▶ [WHAT NEEDS TO BE DONE] Of all the entries below, only the lines from the one with "16 பெயர் : சவிதா" up to and including the one with "19 பெயர் : விகிதா" are to be duplicated exactly.

▶ [Stored items]
- Opening Delimiter -
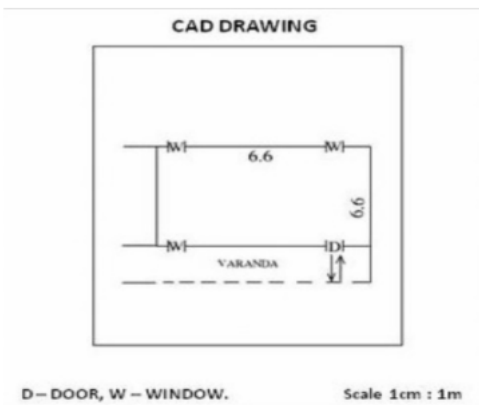

வாக்காளர் பதிவு அலுவலரின்
கையொப்பம்

Nazri Naksha

Google Map View

Polling Station Building Front View

Polling Station Front View

Cad View

Key MAP View

1 பெயர் : அபிநயா - தந்தையின் பெயர்: பொய்யாமொழி - வீட்டு எண் : 1-8 வயது : 30 பாலினம் : பெண் Photo is available	ZBC1782598	2 பெயர் : கவியாஞ்சலி கணவர் பெயர்: பீஷ்மாச்சாரி வீட்டு எண் : 1பி1 வயது : 24 பாலினம் : பெண் Photo is available	ZBC3796810	3 பெயர் : கண்ணன் - தந்தையின் பெயர்: கந்தசாமி - வீட்டு எண் : 2 வயது : 58 பாலினம் : ஆண் Photo is available	FMS2443646
4 பெயர் : பவானி - கணவர் பெயர்: கண்ணன் - வீட்டு எண் : 2 வயது : 56 பாலினம் : பெண் Photo is available	FMS2443661	5 பெயர் : ஜெகதீஷ் தந்தையின் பெயர்: முனியப்பா வீட்டு எண் : 2/1 வயது : 67 பாலினம் : ஆண் Photo is available	ZBC3328507	6 பெயர் : உதய்ஸ்ரி ஜகதீஷ் தந்தையின் பெயர்: ஜெகதீஷ் வீட்டு எண் : 2/1 வயது : 24 பாலினம் : பெண் Photo is available	ZBC3330271
7 பெயர் : மல்லேஷ் - தந்தையின் பெயர்: கண்ணன் - வீட்டு எண் : 2-3 வயது : 29 பாலினம் : ஆண் Photo is available	ZBC2021749	# 8 பெயர் : கவிதா பசுவராஜ் கணவர் பெயர்: பசுவராஜ் வீட்டு எண் : 3-500 வயது : 45 பாலினம் : பெண் Photo is available	FMS3828340	9 பெயர் : சசிகலா - கணவர் பெயர்: தவசியப்பன் - வீட்டு எண் : 3-746B வயது : 40 பாலினம் : பெண் Photo is available	ZBC0933515
10 பெயர் : செல்லம்மாள் - கணவர் பெயர்: சின்னசாமி - வீட்டு எண் : 4 வயது : 62 பாலினம் : பெண் Photo is available	ZBC1081025	11 பெயர் : அருண்குமார் - தந்தையின் பெயர்: சின்னசாமிசாமுவேல் - வீட்டு எண் : 4 வயது : 43 பாலினம் : ஆண் Photo is available	FMS2444925	12 பெயர் : மணிமாலா தந்தையின் பெயர்: சின்னசாமிசாமுவேல் - வீட்டு எண் : 4 வயது : 40 பாலினம் : பெண் Photo is available	FMS2444222
13 பெயர் : ராஜேந்திரன் - தந்தையின் பெயர்: அருணச்சலவடிவு - வீட்டு எண் : 4/238-1 வயது : 67 பாலினம் : ஆண் Photo is available	ZBC1866672	14 பெயர் : ஸ்ரீதேவி - கணவர் பெயர்: ரகுநாதன் - வீட்டு எண் : 5 வயது : 57 பாலினம் : பெண் Photo is available	FMS1545383	15 பெயர் : ராம்குமார் - தந்தையின் பெயர்: ஆத்திக்கண் - வீட்டு எண் : 5-9-18 வயது : 43 பாலினம் : ஆண் Photo is available	ZBC2180453
16 பெயர் : சவிதா - தாயின் பெயர்: ஸ்ரீதேவி - வீட்டு எண் : 5-21 வயது : 34 பாலினம் : பெண் Photo is available	ZBC0933358	17 பெயர் : தீப்தி தாயின் பெயர்: ஸ்ரீதேவி வீட்டு எண் : 5/21 வயது : 31 பாலினம் : பெண் Photo is available	ZBC3333838	18 பெயர் : கல்பனா - கணவர் பெயர்: சேகர் - வீட்டு எண் : 6 வயது : 51 பாலினம் : பெண் Photo is available	FMS1573302
19 பெயர் : விகிதா தந்தையின் பெயர்: ரகு வீட்டு எண் : 6 வயது : 23 பாலினம் : பெண் Photo is available	ZBC3332889	20 பெயர் : சரவணன் தந்தையின் பெயர்: ராஜ் வீட்டு எண் : 7 வயது : 41 பாலினம் : ஆண் Photo is available	ZBC3195831	21 பெயர் : சியாமளா.து - தந்தையின் பெயர்: துளசிதரன் - வீட்டு எண் : 7-19 வயது : 42 பாலினம் : பெண் Photo is available	ZBC0933382
22 பெயர் : சவீதா கணவர் பெயர்: சரவணன் வீட்டு எண் : 7/35/ஏ வயது : 37 பாலினம் : பெண் Photo is available	ZBC3554029	23 பெயர் : மாசிலாமணி - கணவர் பெயர்: பழனியப்பா - வீட்டு எண் : 8 வயது : 73 பாலினம் : பெண் Photo is available	FMS2447803	24 பெயர் : பழனியப்பன் - தந்தையின் பெயர்: அண்ணாமலை - வீட்டு எண் : 8 வயது : 62 பாலினம் : ஆண் Photo is available	FMS2448249
25 பெயர் : மோகன் - தந்தையின் பெயர்: கிருஷ்ணன் - வீட்டு எண் : 8 வயது : 58 பாலினம் : ஆண் Photo is available	ZBC1381722	26 பெயர் : துளசி - கணவர் பெயர்: மோகன் - வீட்டு எண் : 8 வயது : 48 பாலினம் : பெண் Photo is available	ZBC1381714	27 பெயர் : ஸ்ரீநாத் - தந்தையின் பெயர்: கிருஷ்ணப்பா - வீட்டு எண் : 8-1 வயது : 52 பாலினம் : ஆண் Photo is available	ZBC2022028
28 பெயர் : அஷ்வத் தாமோதரன் தந்தையின் பெயர்: தாமோதரன் முனிசாமி வீட்டு எண் : 10 வயது : 21 பாலினம் : ஆண் Photo is available	ZBC3658911	29 பெயர் : யுவராணி தோம்மராஜ் கணவர் பெயர்: நரேஸ்வரமா - வீட்டு எண் : 10-2 வயது : 40 பாலினம் : பெண் Photo is available	ZBC2094639	30 பெயர் : ஹரீஷ் குமார் தந்தையின் பெயர்: வெங்கடசாமி வீட்டு எண் : 10/ஏ வயது : 22 பாலினம் : ஆண் Photo is available	ZBC3457488
- Closing Delimiter -
▶ [SOLUTION FOR THIS EXERCISE]
16 பெயர் : சவிதா - தாயின் பெயர்: ஸ்ரீதேவி - வீட்டு எண் : 5-21 வயது : 34 பாலினம் : பெண் Photo is available	ZBC0933358	17 பெயர் : தீப்தி தாயின் பெயர்: ஸ்ரீதேவி வீட்டு எண் : 5/21 வயது : 31 பாலினம் : பெண் Photo is available	ZBC3333838	18 பெயர் : கல்பனா - கணவர் பெயர்: சேகர் - வீட்டு எண் : 6 வயது : 51 பாலினம் : பெண் Photo is available	FMS1573302
19 பெயர் : விகிதா தந்தையின் பெயர்: ரகு வீட்டு எண் : 6 வயது : 23 பாலினம் : பெண் Photo is available	ZBC3332889	20 பெயர் : சரவணன் தந்தையின் பெயர்: ராஜ் வீட்டு எண் : 7 வயது : 41 பாலினம் : ஆண் Photo is available	ZBC3195831	21 பெயர் : சியாமளா.து - தந்தையின் பெயர்: துளசிதரன் - வீட்டு எண் : 7-19 வயது : 42 பாலினம் : பெண் Photo is available	ZBC0933382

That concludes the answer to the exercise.